| Task prompt |
Search the records for lines that contain the word "INCHES". Copy them all.

| Given data |
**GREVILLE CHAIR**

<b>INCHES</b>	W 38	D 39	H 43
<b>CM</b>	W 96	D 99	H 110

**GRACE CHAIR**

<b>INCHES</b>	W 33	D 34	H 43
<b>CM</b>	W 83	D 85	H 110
--
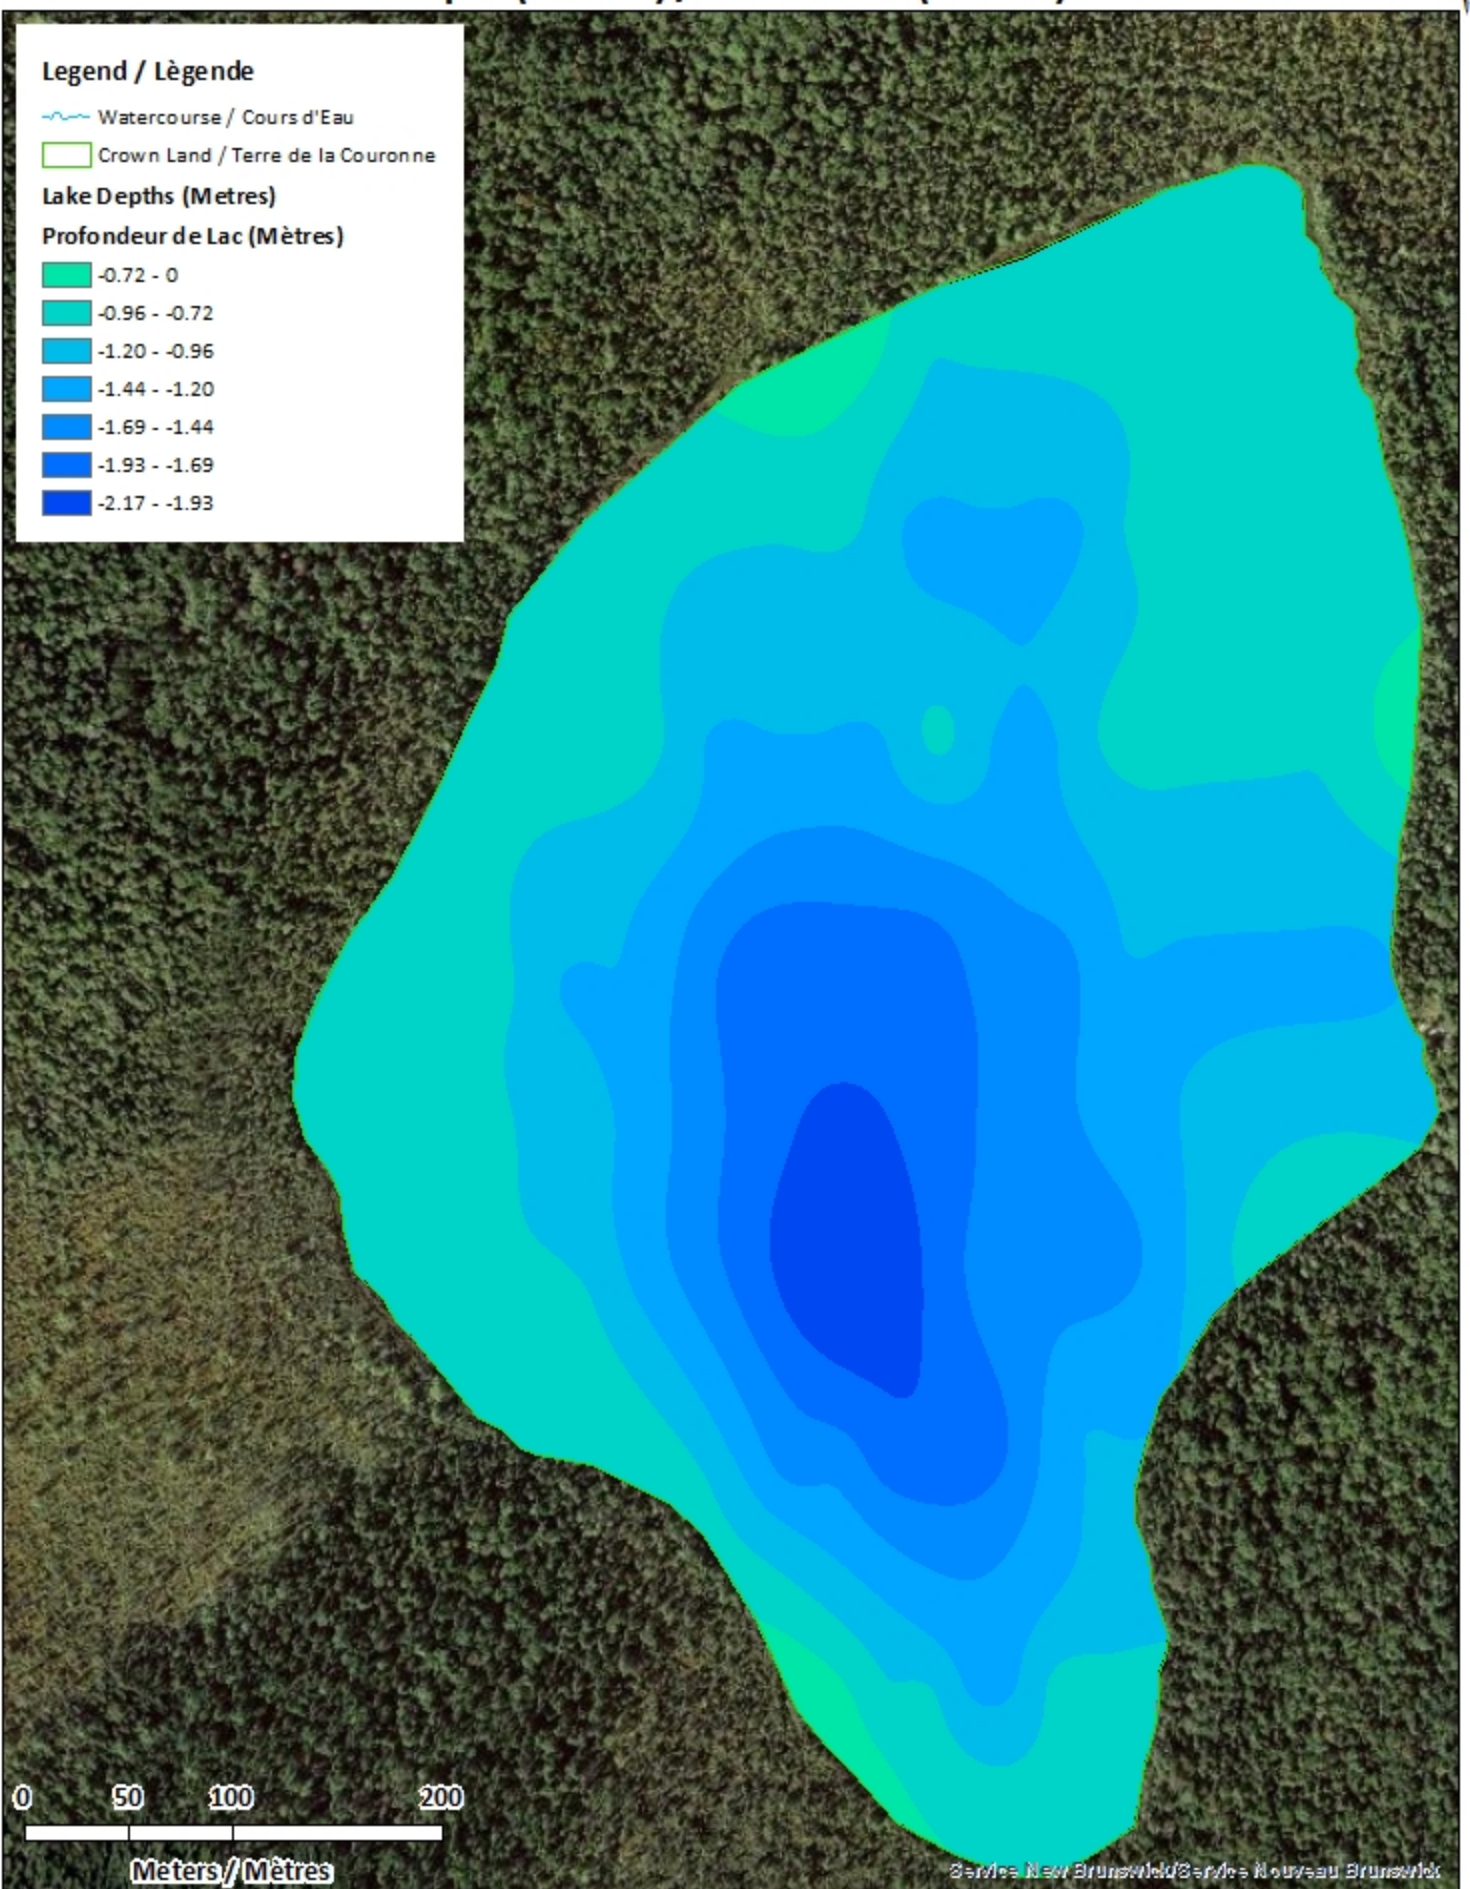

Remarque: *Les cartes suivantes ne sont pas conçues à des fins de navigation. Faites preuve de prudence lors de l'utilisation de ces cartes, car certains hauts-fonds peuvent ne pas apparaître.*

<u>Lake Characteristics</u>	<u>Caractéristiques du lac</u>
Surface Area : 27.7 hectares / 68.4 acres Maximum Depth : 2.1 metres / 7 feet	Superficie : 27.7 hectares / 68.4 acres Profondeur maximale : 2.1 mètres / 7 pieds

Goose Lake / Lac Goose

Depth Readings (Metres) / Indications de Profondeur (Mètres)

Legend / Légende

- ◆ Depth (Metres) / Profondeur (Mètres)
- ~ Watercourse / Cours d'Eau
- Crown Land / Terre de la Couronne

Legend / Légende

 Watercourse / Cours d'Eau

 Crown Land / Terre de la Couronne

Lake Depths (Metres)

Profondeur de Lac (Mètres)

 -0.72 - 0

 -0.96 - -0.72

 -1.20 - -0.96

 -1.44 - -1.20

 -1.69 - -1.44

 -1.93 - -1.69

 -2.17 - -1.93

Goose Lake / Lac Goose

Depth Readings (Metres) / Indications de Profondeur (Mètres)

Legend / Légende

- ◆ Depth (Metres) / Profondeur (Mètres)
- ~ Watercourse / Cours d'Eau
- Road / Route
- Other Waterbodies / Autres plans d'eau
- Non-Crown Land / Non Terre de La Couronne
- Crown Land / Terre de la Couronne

| Solution below |
<b>INCHES</b>	W 38	D 39	H 43
<b>INCHES</b>	W 33	D 34	H 43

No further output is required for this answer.